I haven't thought it through yet, but the above approach could
indeed solve this particular race. Unfortunately there are other races.
There is an issue with bpf_timer_init. Since it doesn't take refcnt
another program might do lookup and bpf_timer_start
while the first prog got to refcnt=0 and got freed.
Adding refcnt to bpf_timer_init() makes the prog self pinned
and no callback might ever be executed (if there were no bpf_timer_start),
so that will cause a high chance of bpf prog stuck in the kernel.
There could be ref+uref schemes similar to tail_calls to address all that,
but it gets ugly quickly.
imo all these issues and races is a sign that such self pinning
shouldn't be allowed.

^ permalink raw reply	[flat|nested] 22+ messages in thread

* Re: [PATCH v2 bpf-next 1/3] bpf: Introduce bpf_timer
  2021-06-11 18:45     ` Alexei Starovoitov
@ 2021-06-15  6:10       ` Cong Wang
  2021-06-16  4:53         ` Alexei Starovoitov
  0 siblings, 1 reply; 22+ messages in thread
From: Cong Wang @ 2021-06-15  6:10 UTC (permalink / raw)
  To: Alexei Starovoitov
  Cc: David Miller, Daniel Borkmann, Andrii Nakryiko,
	Linux Kernel Network Developers, bpf, kernel-team

On Fri, Jun 11, 2021 at 11:45 AM Alexei Starovoitov
<alexei.starovoitov@gmail.com> wrote:
>
> On Thu, Jun 10, 2021 at 11:42:24PM -0700, Cong Wang wrote:
> > On Thu, Jun 10, 2021 at 9:27 PM Alexei Starovoitov
> > <alexei.starovoitov@gmail.com> wrote:
> > >
> > > From: Alexei Starovoitov <ast@kernel.org>
>
> Please stick to one email thread in the future, ok?
>
> I'll consolidate them here:
>
> > What is your use case to justify your own code? Asking because
> > you deny mine, so clearly my use case is not yours.
>
> I mentioned several use cases in the prior threads.
> tldr: any periodic event in tracing, networking, security.
> Garbage collection falls into this category as well, but please internalize
> that implementing conntrack as it is today in the kernel is an explicit non-goal.

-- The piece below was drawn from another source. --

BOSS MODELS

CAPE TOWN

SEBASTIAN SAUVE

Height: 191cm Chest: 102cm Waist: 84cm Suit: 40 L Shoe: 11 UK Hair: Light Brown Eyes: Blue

You need to read my use case again, it is for the conntrack
in Cilium, not the kernel one.

>
> > And more importantly, why not just use BPF_TEST_RUN with
> > a user-space timer? Asking because you offer no API to read or
> > modify timer expiration, so literally the same with BPF_TEST_RUN
> > approach.
>
> a wrapper on top of hrtimer_get_remaining() like bpf_timer_get_remaining()
> is trivial to add, but what is the use case?

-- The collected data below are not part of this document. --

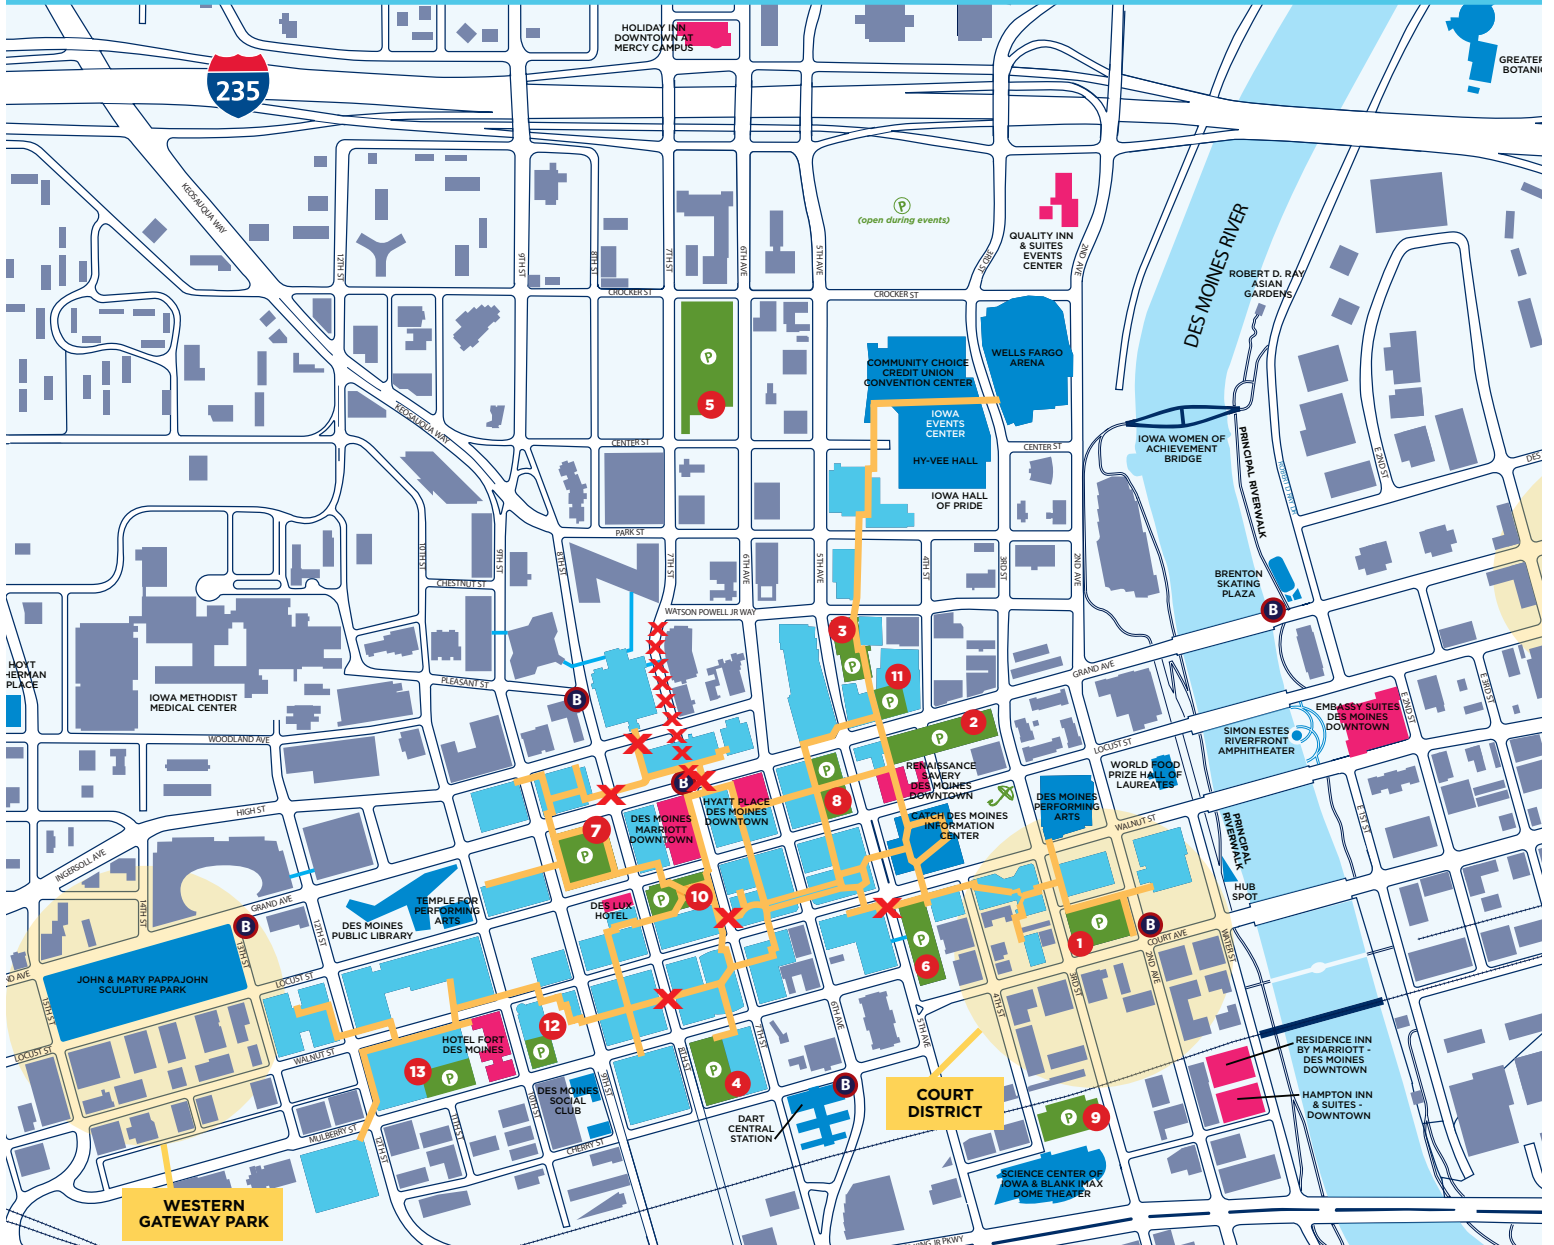

DES MOINES

Hourly Parking Rates

<p>1 3rd & Court</p> <p>2 4th & Grand</p> <p>3 5th & Keo</p> <p>4 8th & Mulberry</p> <p>0-1...\$2 1-2...\$4 2-3...\$5 3-4...\$6 4-5...\$7 5-12...\$7.50 12-24...\$11</p>	<p>5 7th & Center Park & Ride</p> <p>0-1...\$1.50 1-2...\$3 2-3...\$3.50 3-4...\$4 4-5...\$4.50 5-12...\$5 12-24...\$6</p> <p>6 5th & Walnut</p> <p>7 9th & Locust</p> <p>0-1...\$2.00 1-2...\$4 2-3...\$5.25 3-4...\$5.50 4-5...\$6.50 5-6...\$9 6-7...\$9 7-12...\$9 12-24...\$13</p>	<p>8 5th & Locust</p> <p>0-1...\$1 1-2...\$2 2-3...\$3 3-4...\$4 4-5...\$5 5-6...\$6 6-7...\$7 7-8...\$8 8-9...\$9 9-24...\$10</p>	<p>9 Science Center Open 10 a.m.-10 p.m.</p> <p>0-1...\$3 1-2...\$4 2-3...\$5 3-4...\$6 4-5...\$7 5-6...\$8 6-7...\$9 7-12...\$10</p> <p>10 Partnership Lot</p> <p>0-1...\$2 1-2...\$3 2-3...\$4 3-11...\$4+\$1 per hour 11-24...\$13</p>	<p>11 4th & Grand</p> <p>\$7/day flat fee</p> <p>12 10th & Mulberry</p> <p>0-1...\$2 1-2...\$4 2-3...\$5 3-8...\$7 8-12...\$9 12-24...\$11</p> <p>13 11th & Mulberry</p> <p>0-30 min...\$2 30 min-1...\$3 1-2...\$4 2-3...\$5 3-4...\$6 4-24...\$8</p>
--	--	---	---	---

Downtown Des Moines Parking Information

The following map provides location information for parking in downtown Des Moines. The ramps most easily accessible from the Wellmark YMCA are listed below:

Map Number	Ramp Name	Address	Rates
2 & 11	4 th & Grand	500 Grand Ave.	1-6 hours - \$1 per hour 7-12 hours - \$7 24 hours - \$10 Sundays Free
3	5 th & Keo	555 5 th Ave.	\$1 per hour Sundays Free
8	5 th & Locust	801 Locust St.	1 -9 Hours - \$1 per hour 9 - 24 Hours - \$10 Sundays Free

Rates were found by calling the ramps or from the web, but not all could be verified. Some rates may be different than what is written here.

If you do not have any use case, then stick to BPF_TEST_RUN
with user-space timers? And of course your patches are not needed
at all.

>
> > >
> > > Introduce 'struct bpf_timer { __u64 :64; __u64 :64; };' that can be embedded
> > > in hash/array/lru maps as regular field and helpers to operate on it:
> >
> > Can be or has to be? Huge difference here.
>
> map elements don't have to use timers.

You interpret this in a wrong way, what I asked is whether a bpf timer has
to be embedded in a map. IOW, can a bpf timer be a standalone global
data?

>
> > In the other thread, you said it is global data, which implies that it does
> > not have to be in a map.
>
> global data is a map. That was explained in the prior thread as well.
>

I think you implied bpf timer can exist without a map, hence I am asking.


> >
> > In your test case or your example, all timers are still in a map. So what has
> > changed since then? Looks nothing to me.
>
> look again?

Yes, I just looked at it again, only more confusing, not less.

>
> > Hmm, finally you begin refcounting it, which you were strongly against. ;)
>
> That was already answered in the prior thread.
> tldr: there were two options. This is one of them. Another can be added
> in the future as well.
>
> > Three questions:
> >
> > 1. Can t->prog be freed between bpf_timer_init() and bpf_timer_start()?
>
> yes.

Good. So if a program which only initializes the timer and then exits,
the other program which shares this timer will crash when it calls
bpf_timer_start(), right?

>
> > If the timer subprog is always in the same prog which installs it, then
>
> installs it? I'm not following the quesiton.
>
> > this is fine. But then how do multiple programs share a timer?
>
> there is only one callback function.

That's exactly my question. How is one callback function shared
by multiple eBPF programs which want to share the timer?


>
> > In the
> > case of conntrack, either ingress or egress could install the timer,
> > it only depends which one gets traffic first. Do they have to copy
> > the same subprog for the same timer?
>
> conntrack is an explicit non-goal.

I interpret this as you do not want timers to be shared by multiple
eBPF programs, correct? Weirdly, maps are shared, timers are
placed in a map, so timers should be shared naturally too.

>
> >
> > 2. Can t->prog be freed between a timer expiration and bpf_timer_start()
> > again?
>
> If it's already armed with the first bpf_timer_start() it won't be freed.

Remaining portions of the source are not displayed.